(What the task asks)
Retype each record exactly; no pictures.

(Data)

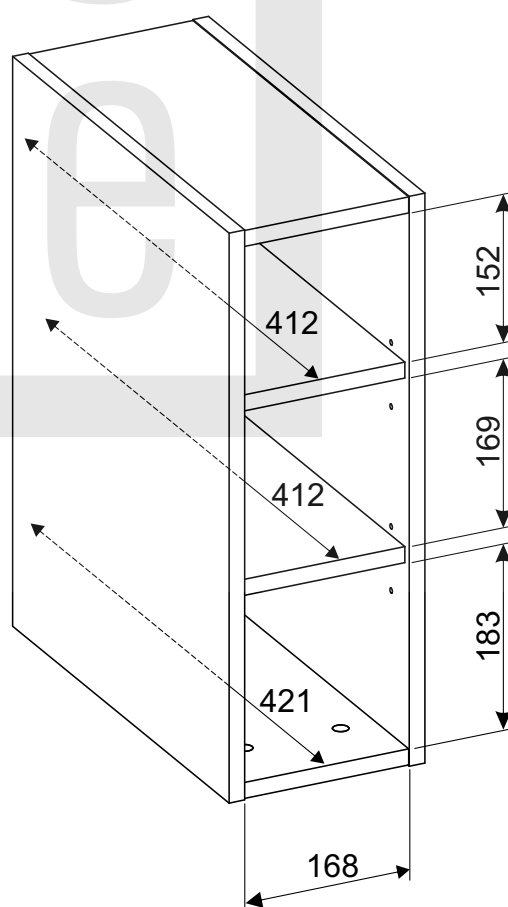

# REGAŁ DOLNY OTWARTY 20

NO	Dim.			Col.-No	Qty
1	570	422	16	1/1	2
2	168	441	16	1/1	2
3	168	412	16	1/1	2
4	546	178	3	1/1	1

40 min

# REGAŁ DOLNY OTWARTY 20

REGAŁ DOLNY 20

REGAŁ DOLNY 20

A1 x8 ø8x35	B4 x8	B5 x8 ø15x12	G5 x8	ZXP x1	ZXL x1
Z4 x4 ø10	SZ6 x4 ø4,5x45 ø8x40	SZ7 x2	S1 x4	D6 x4 US ø4x30	G8 x8

True  
one

REGAŁ DOLNY 20

1

REGAŁ DOLNY 20

2

3

REGAŁ DOLNY 20

4

5

REGAŁ DOLNY 20

6

(Problem solution)
# REGAŁ DOLNY OTWARTY 20

NO	Dim.			Col.-No	Qty
1	570	422	16	1/1	2
2	168	441	16	1/1	2
3	168	412	16	1/1	2
4	546	178	3	1/1	1

40 min

# REGAŁ DOLNY OTWARTY 20

REGAŁ DOLNY 20

REGAŁ DOLNY 20

A1 x8 ø8x35	B4 x8	B5 x8 ø15x12	G5 x8	ZXP x1	ZXL x1
Z4 x4 ø10	SZ6 x4 ø4,5x45 ø8x40	SZ7 x2	S1 x4	D6 x4 US ø4x30	G8 x8

True  
one

REGAŁ DOLNY 20

1

REGAŁ DOLNY 20

2

3

REGAŁ DOLNY 20

4

5

REGAŁ DOLNY 20

6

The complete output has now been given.